Dancers, I learned, need dazzling mental as well as physical skills – memory and musicality for a start – but what was almost more impressive than these was the attitude, which filtered down as far as the Absolute Beginners. Everyone tried as hard as they could; there was no daydreaming out of the window. Even if the teacher wasn’t watching, everyone was pointing their toes and straightening their knees and keeping their shoulders down and their elbows relaxed as hard as they possibly could. As I knew from researching ballet, it is the pursuit not just of excellence but of perfection; to experience that directly, even at my level, was intoxicating. Neither at school nor university (both eminently respectable academically) had I even glimpsed similar commitment.
Sometimes books arise out of existing passions: I wrote about the 1920s in the United States because of a high-school course on the influence of The Waste Land on American literature. Sometimes they spring out of a lack, the desire to read a book that doesn’t exist. But they always leave their residue on you after you’ve finished them. Anne Fanshawe, the Civil War matriarch and skilled herbalist who was the subject of my most recent book, bequeathed me an interest in wild flowers and herbs and I now take great satisfaction in identifying the usually quite humble plants she used in her remedies, nearly four hundred years ago.
My interest in the Ballets Russes was sparked by the description of a party given to celebrate a preview of the modernist ballet Les Noces in 1923 by the glamorous Americans-in-Paris Gerald and Sara Murphy on a barge in the Seine. Picasso was delighted by the colourful children’s toys from a Montparnasse bazaar, with which Sara had decorated the table; the artist Natalia Goncharova, who’d designed the sets, read the guests’ palms; and at dawn Igor Stravinsky jetéd down the centre of the cabin. Nijinsky’s sister, Bronia, was the choreographer and he had watched the premiere, but couldn’t go to the party; he’d already succumbed to the madness that dominated the rest of his life. His absence haunted me.
Researching and writing about Nijinsky left me with an interest in watching ballet, particularly contemporary ballet, which reminds me of how influential Nijinsky was as a choreographer as well as a dancer. Every time I am saddened to think of how his talents and ultimately his sanity were undermined by the envy and ambition of the people closest to him.

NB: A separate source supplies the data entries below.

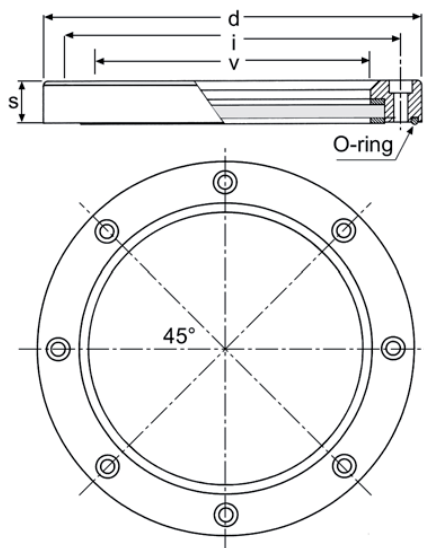

Sicht-Standanzeiger

OBLÒ - Schauloch- Sichtfenster Ø 148

Visual level indicator

OBLÒ - inspection porthole or liquid-level Ø 148

- aus Leichtmetall (Alulegierung) mit vorgespanntem Glas gefertigt
- zur Befestigung muss ein Loch mit einem Durchmesser von Ø 148 mm gebohrt und 8 weitere Gewindelöcher M6 - auf einem Lochkreisdurchmesser von 180 mm, 45° versetzt, angebracht werden
- die Wandstärke des Behälters darf nicht geringer als 5 mm sein
- *made of aluminium light alloy with tempered glass; supplied complete with gum washers, anchor screws and o-ring*
- *for the tightening to build a central hole of diameter 148 mm and 8 threaded holes M6 arranged 45° on a diameter with inter-axis of 180 mm*
- *the thickness of the reservoir must not be less than 5 mm*

Bestell-Nr. code	Typ type		v	d	i	s	Code
340-300-01000	OBLO	ohne O-Ring	Ø 148	Ø 202	Ø 180	21,5	1OBLO400
340-300-01050	OBLO	mit O-Ring	Ø 148	Ø 202	Ø 180	21,5	1OBLO40A

340-300
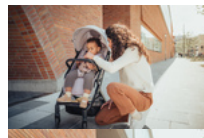

Lifestyle Images
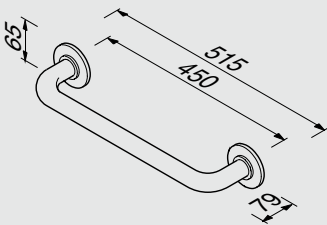

#best project choice

91131-45
Wandhanddoekhouder 45 cm 20 mm buis, verdeckte bevestiging
Towel rail 45 cm 20 mm tube, concealed fixing
Wandhandtuchhalter 45 cm, 20 mm Rohr, verdeckte Befestigung
Porte serviettes 45 cm, 20 mm tube, fixation couverte
Настенный полотенцедержатель 45 см, диаметр 20 мм, скрытое крепление
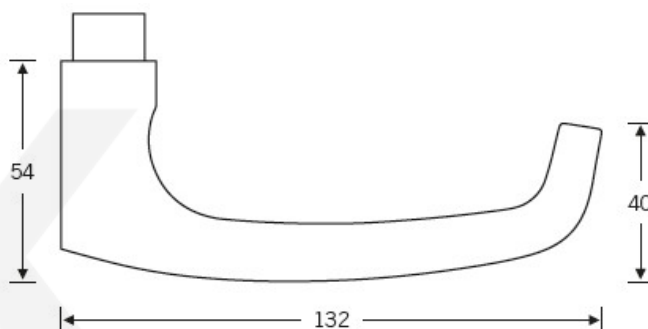

Produktový list

platný k 6. 7. 2024

luxusnikovani.cz
DELIVERED BY EFB

Kování FSB 12 1045 ASL Černá, klika / klika, WC uzamykání, čtyřhran 8 mm

FSB

ID produktu: 24305

Tento model vychází ze stejného konceptu, jako je model klika FSB 1015, který je velmi oblíben. FSB 1045 byl vytvořen, aby bylo možné použít stejný tvar i pro panikové dveře.
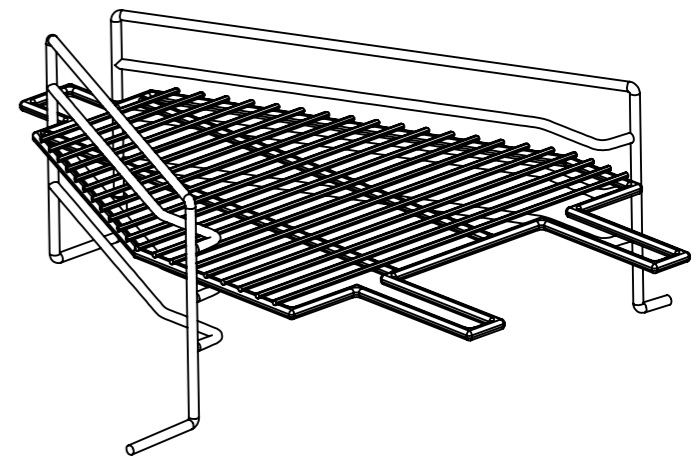

Serie	Tipi
Number	8104-0004, 8104-0003, 8104-0002
Description	960 mm/ 1200 mm/ 1470 mm

Tipi 960

Tipi 1200

Tipi 1470

**Heta Tipi 1470 Grill
5032-0030**

Only for Tipi 1470
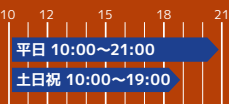

パパママ

甲南山手店限定でお子様があくアティック
スクールに在籍されている保護者様対象
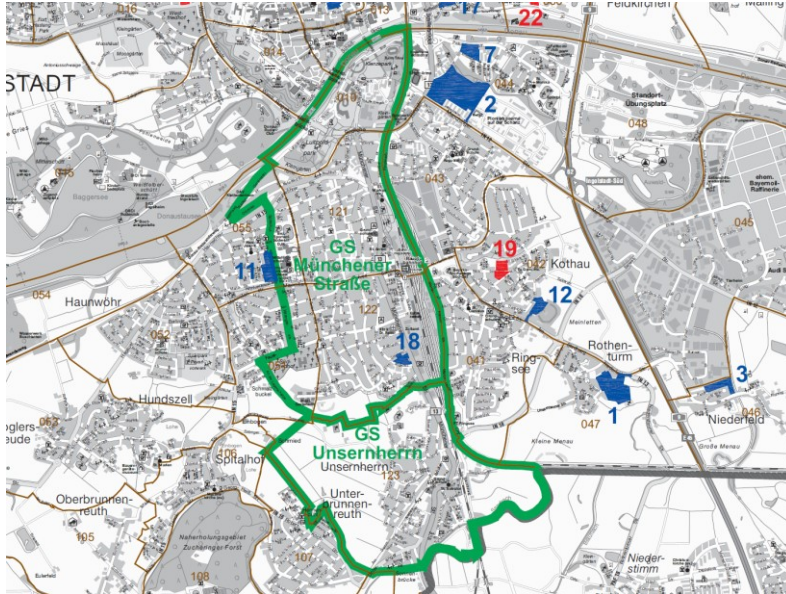

Grundschule Münchener Straße – Grundschule Unsernherrn Sprengelorganisatorische Maßnahmen

Anlage 6

GS Münchener Straße, GS Unsernherrn (heute)

GS Münchener Straße, GS Unsernherrn (neuer Sprengel)

Neuer Schulsprengel GS Unsernherrn

- Verschieben der nördlichen Sprengelgrenze Grundschule Unsernherrn (Martin-Hemm-Straße – Schneiderbauerstraße – An der Lagerschanze) weiter in nördliche Richtung bis zur Fauststraße
- Verlagerung von ca. drei Klassen der GS Münchener Straße an die GS Unsernherrn
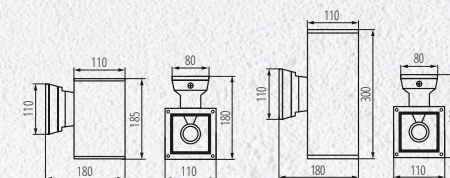

Kanlux

#efektKanlux

**Surová
a klasická řada**
fasádních svítidel

Kanlux LART EL

Fasádní svítidlo

MATERIÁL KORPUSU: HLINÍKOVÁ SLITINA,
MATERIÁL OCHRANNÉHO SKLA: SKLO

VYMĚNITELNÝ
SVĚTELNÝ
ZDROJ

E27

**IP
54**

29832
5905339598943
LART EL-160-GR

max 60W

29833
5905339598950
LART EL-260-GR

max 2 x 60W

RAPID HI LED

32926
5905339329264
RAPID HI E27-NW

výkon: **14W**
náhrada: 14 → 100 W
TC°: 4000 K

32927
5905339329271
RAPID HI E27-WW 14W

výkon: **14W**
náhrada: 14 → 100 W
TC°: 3000 K

RAPID MAXX LED

32924
5905339329240
RAPID MAXX E27-NW

výkon: **10W**
náhrada: 10 → 75 W
TC°: 4000 K

32925
5905339329257
RAPID MAXX E27-WW

výkon: **10W**
náhrada: 10 → 75 W
TC°: 3000 K

RAPID LED

32920
5905339329202
RAPID E27-NW 5,5W

výkon: **5,5W**
náhrada: 5,5 → 42 W
TC°: 4000 K

32921
5905339329219
RAPID E27-WW 5,5W

výkon: **5,5W**
náhrada: 5,5 → 42 W
TC°: 3000 K

RAPID PRO LED

32922
5905339329226
RAPID PRO E27-NW 8,5W

výkon: **8,5W**
náhrada: 8,5 → 60 W
TC°: 4000 K

32923
5905339329233
RAPID PRO E27-WW 8,5W

výkon: **8,5W**
náhrada: 8,5 → 60 W
TC°: 3000 K

UMÍSTĚNÍ NA:

TERASÁCH

FASÁDÁCH BUDOV
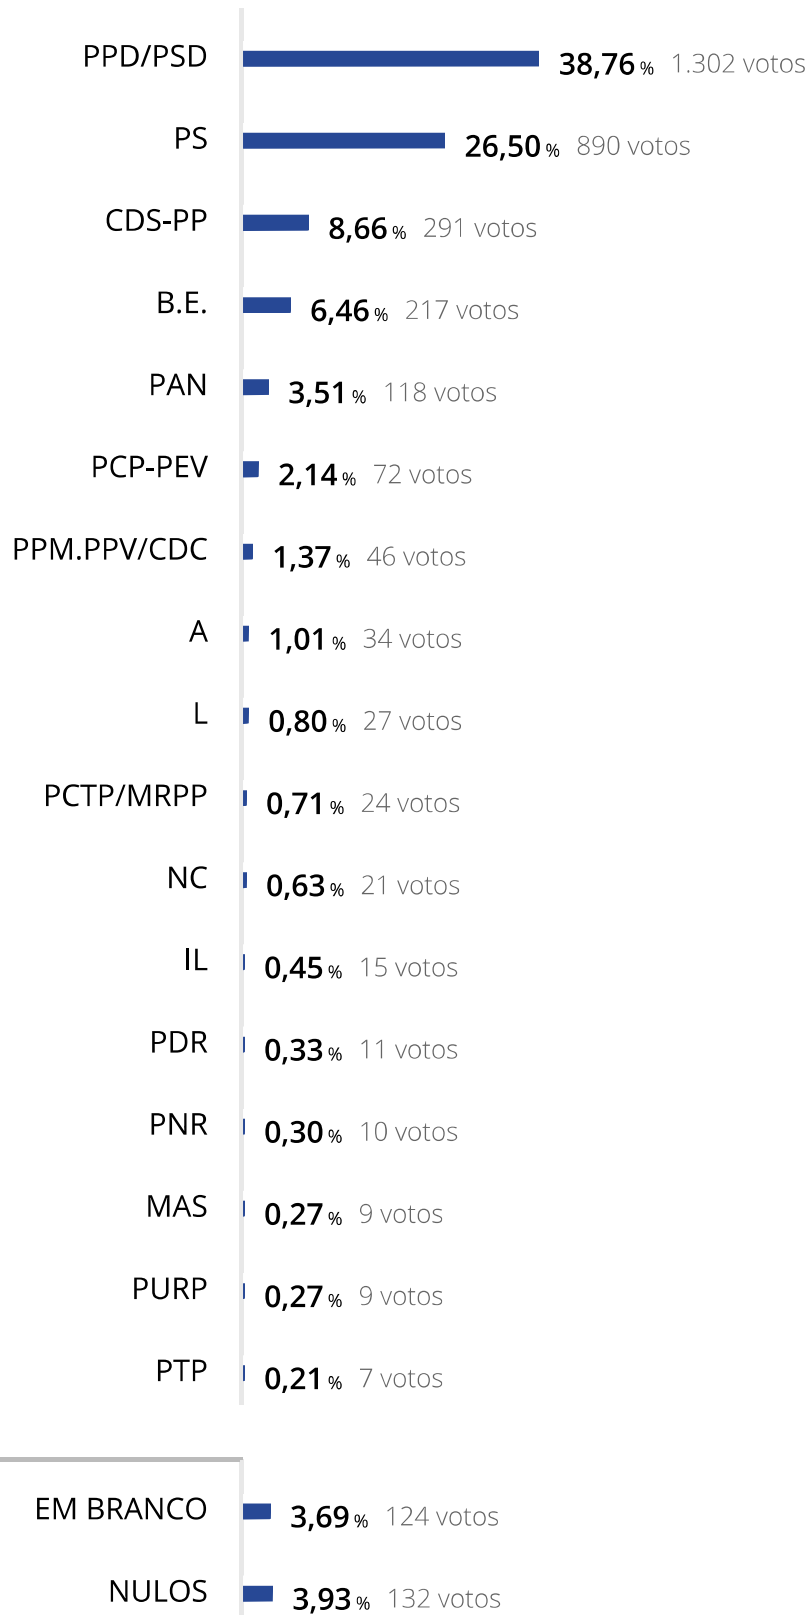

Concelho:

Sátão

Contagem terminada.
9 freguesias apuradas.

24,88%
votantes

3.359
votantes

13.503
inscritos

Nijinsky also led me to the ballet classes that have brought me so much pleasure in recent years. They’ve made me less attached to the idea of needing to succeed or achieve, shown me the satisfaction of being in the moment without thought of results and allowed me to observe an almost unattainable art form not because I can or will ever do it well myself, but because merely the act of trying has let me begin to understand it. Getting up close to the pursuit of perfection has taught me a lesson I had no idea I needed to learn: the importance of doing something badly, not because one day it might be useful or you might get better at it, but simply because you enjoy it.